[Entries taken from a collection]
________________________

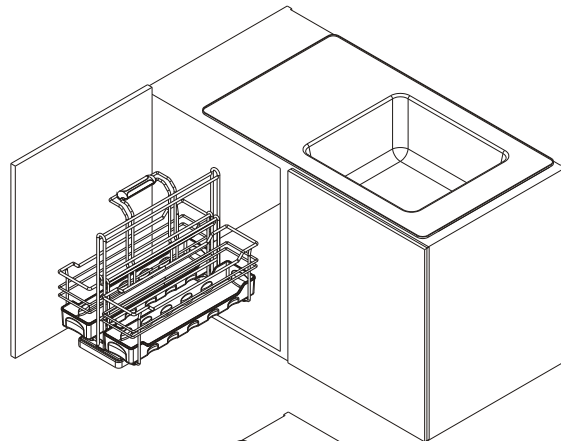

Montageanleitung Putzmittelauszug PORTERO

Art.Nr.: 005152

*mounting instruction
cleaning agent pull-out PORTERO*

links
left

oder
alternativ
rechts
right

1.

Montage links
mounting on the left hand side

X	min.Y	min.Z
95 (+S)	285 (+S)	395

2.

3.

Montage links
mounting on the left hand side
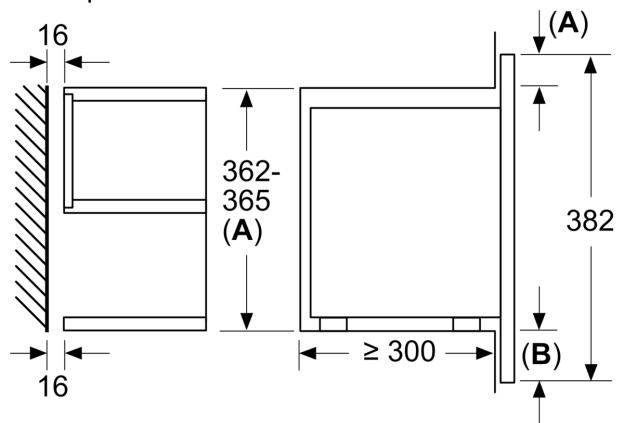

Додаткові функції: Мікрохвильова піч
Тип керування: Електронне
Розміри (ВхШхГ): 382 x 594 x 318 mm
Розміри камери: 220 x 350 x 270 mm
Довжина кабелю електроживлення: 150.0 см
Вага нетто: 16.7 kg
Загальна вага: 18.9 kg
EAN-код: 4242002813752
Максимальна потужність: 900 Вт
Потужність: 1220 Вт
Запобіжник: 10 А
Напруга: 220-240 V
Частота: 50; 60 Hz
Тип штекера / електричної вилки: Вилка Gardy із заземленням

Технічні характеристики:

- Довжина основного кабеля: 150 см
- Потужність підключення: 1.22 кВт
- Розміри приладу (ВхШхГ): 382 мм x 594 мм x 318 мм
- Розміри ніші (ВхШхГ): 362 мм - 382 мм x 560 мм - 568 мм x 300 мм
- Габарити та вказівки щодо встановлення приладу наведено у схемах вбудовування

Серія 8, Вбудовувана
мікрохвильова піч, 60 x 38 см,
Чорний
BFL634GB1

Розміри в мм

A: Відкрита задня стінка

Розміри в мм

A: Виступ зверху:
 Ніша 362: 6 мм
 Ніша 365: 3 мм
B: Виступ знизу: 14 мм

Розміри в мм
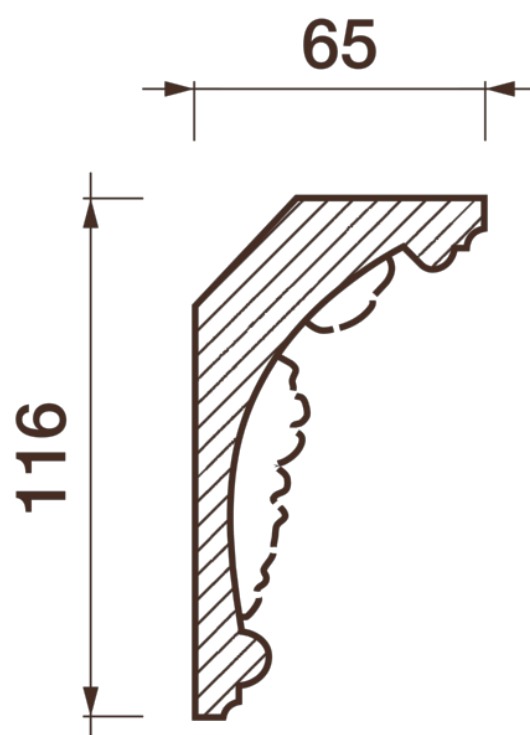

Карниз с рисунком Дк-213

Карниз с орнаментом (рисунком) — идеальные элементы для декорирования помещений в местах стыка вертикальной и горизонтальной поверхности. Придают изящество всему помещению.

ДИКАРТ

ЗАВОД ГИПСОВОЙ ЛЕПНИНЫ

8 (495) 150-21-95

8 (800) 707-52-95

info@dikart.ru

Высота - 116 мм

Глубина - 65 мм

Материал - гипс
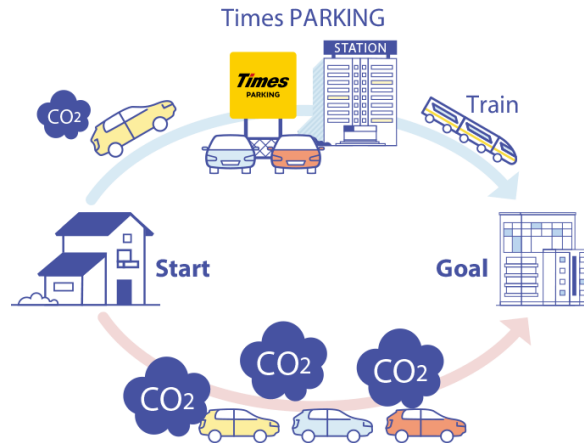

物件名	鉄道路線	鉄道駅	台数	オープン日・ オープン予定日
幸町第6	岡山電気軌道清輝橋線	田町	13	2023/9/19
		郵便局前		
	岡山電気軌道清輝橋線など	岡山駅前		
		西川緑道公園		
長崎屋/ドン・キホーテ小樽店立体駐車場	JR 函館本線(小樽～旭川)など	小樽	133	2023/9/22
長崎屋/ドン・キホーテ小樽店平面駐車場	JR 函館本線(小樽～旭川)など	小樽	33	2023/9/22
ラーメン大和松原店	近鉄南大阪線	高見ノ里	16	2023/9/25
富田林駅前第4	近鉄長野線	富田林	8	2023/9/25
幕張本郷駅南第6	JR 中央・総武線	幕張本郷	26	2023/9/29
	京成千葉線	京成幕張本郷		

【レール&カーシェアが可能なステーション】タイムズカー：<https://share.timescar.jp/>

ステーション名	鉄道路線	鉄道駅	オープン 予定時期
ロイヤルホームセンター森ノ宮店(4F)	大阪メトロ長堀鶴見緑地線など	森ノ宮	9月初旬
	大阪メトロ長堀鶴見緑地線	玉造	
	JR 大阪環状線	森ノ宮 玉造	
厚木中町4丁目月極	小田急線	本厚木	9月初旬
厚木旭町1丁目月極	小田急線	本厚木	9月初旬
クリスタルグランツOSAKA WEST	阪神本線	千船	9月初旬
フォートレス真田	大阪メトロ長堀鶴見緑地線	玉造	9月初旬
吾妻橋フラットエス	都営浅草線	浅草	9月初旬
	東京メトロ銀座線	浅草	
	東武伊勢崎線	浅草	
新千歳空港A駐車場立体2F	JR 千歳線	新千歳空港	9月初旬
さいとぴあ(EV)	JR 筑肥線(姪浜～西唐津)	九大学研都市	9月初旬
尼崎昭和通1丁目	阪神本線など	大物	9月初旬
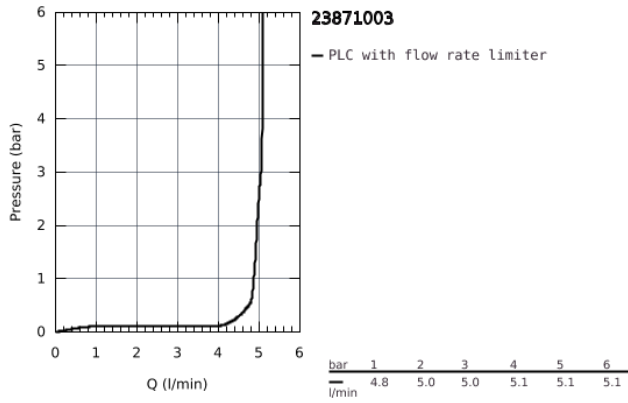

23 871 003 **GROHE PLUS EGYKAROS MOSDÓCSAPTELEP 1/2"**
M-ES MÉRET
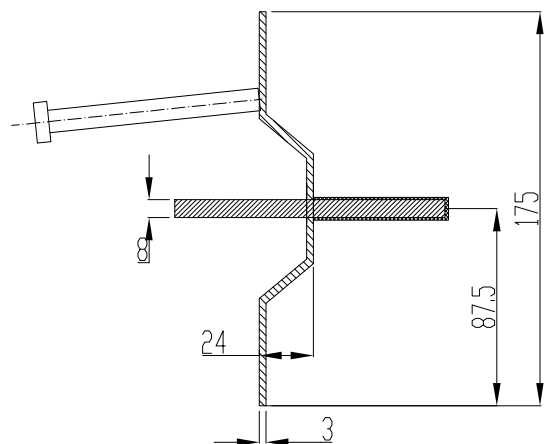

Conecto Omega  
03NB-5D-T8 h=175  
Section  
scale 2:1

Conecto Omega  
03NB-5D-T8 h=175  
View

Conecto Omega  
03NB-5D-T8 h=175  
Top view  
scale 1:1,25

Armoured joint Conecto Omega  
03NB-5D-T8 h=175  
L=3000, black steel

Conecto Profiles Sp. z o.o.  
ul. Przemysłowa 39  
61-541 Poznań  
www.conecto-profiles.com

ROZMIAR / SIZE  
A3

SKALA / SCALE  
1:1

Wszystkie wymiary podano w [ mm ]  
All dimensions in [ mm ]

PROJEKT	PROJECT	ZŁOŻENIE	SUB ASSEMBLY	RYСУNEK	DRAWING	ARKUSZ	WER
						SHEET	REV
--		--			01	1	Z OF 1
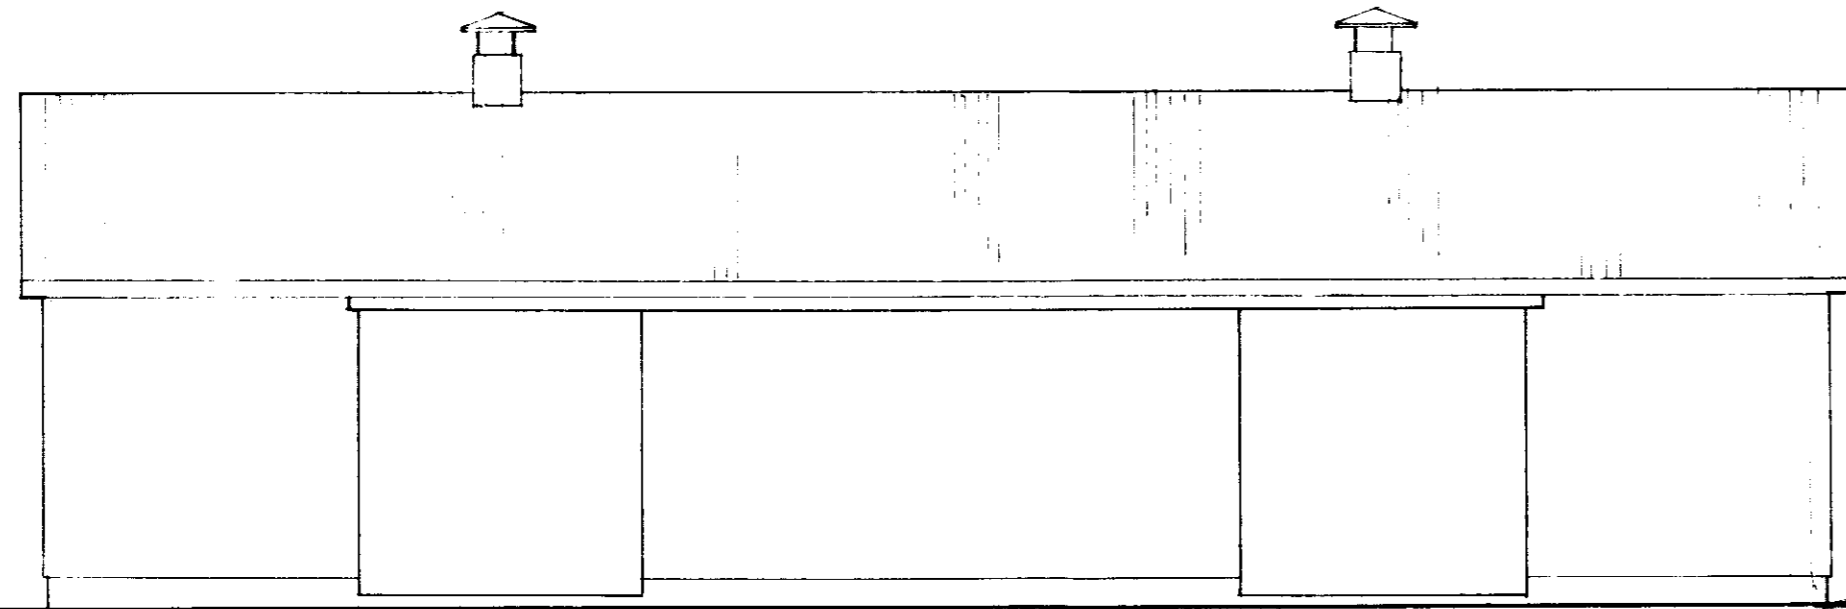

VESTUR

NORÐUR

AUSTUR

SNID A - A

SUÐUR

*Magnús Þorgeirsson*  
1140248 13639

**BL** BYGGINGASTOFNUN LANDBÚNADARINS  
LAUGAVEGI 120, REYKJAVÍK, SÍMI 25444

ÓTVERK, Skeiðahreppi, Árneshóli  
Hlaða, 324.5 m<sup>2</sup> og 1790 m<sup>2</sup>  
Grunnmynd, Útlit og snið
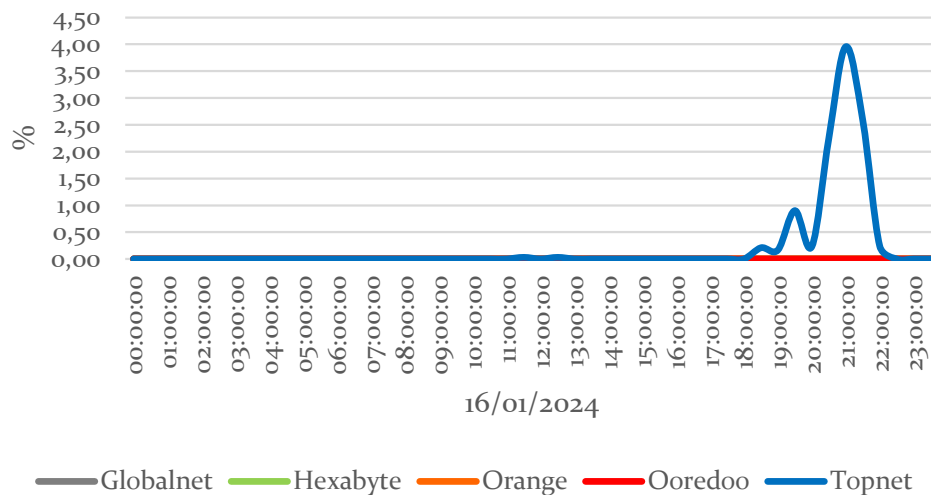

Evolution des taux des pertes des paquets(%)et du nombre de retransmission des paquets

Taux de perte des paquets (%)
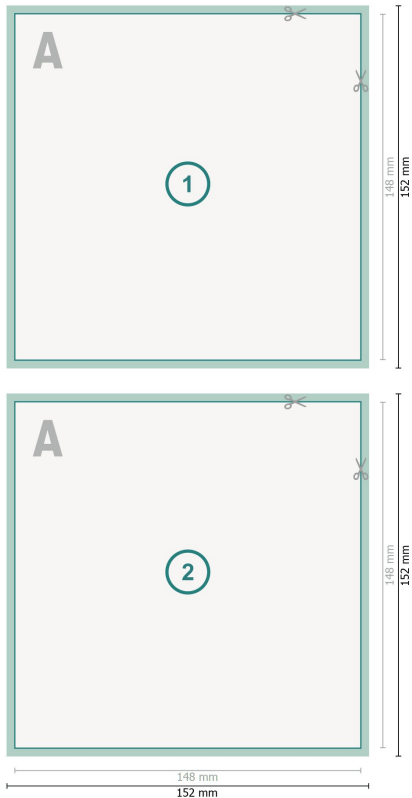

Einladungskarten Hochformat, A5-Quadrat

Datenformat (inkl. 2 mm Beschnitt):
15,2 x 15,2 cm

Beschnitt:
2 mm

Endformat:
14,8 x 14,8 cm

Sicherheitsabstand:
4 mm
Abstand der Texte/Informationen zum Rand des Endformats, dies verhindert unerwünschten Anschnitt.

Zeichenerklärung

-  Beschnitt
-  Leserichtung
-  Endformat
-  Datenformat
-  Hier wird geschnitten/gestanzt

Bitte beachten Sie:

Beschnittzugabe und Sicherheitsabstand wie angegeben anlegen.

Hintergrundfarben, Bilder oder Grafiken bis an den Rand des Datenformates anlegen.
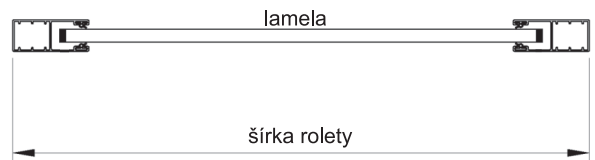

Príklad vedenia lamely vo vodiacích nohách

________________________

■ **Directions**
Only the lines from the one containing "Datenformat (inkl. 2" through the final line of the data are to be written out, exactly as they stand and without pictures.

■ **Exercise answer**
Datenformat (inkl. 2 mm Beschnitt):
15,2 x 15,2 cm

Beschnitt:
2 mm

Endformat:
14,8 x 14,8 cm

Sicherheitsabstand:
4 mm
Abstand der Texte/Informationen zum Rand des Endformats, dies verhindert unerwünschten Anschnitt.

Zeichenerklärung

-  Beschnitt
-  Leserichtung
-  Endformat
-  Datenformat
-  Hier wird geschnitten/gestanzt

Bitte beachten Sie:

Beschnittzugabe und Sicherheitsabstand wie angegeben anlegen.

Hintergrundfarben, Bilder oder Grafiken bis an den Rand des Datenformates anlegen.

Príklad vedenia lamely vo vodiacích nohách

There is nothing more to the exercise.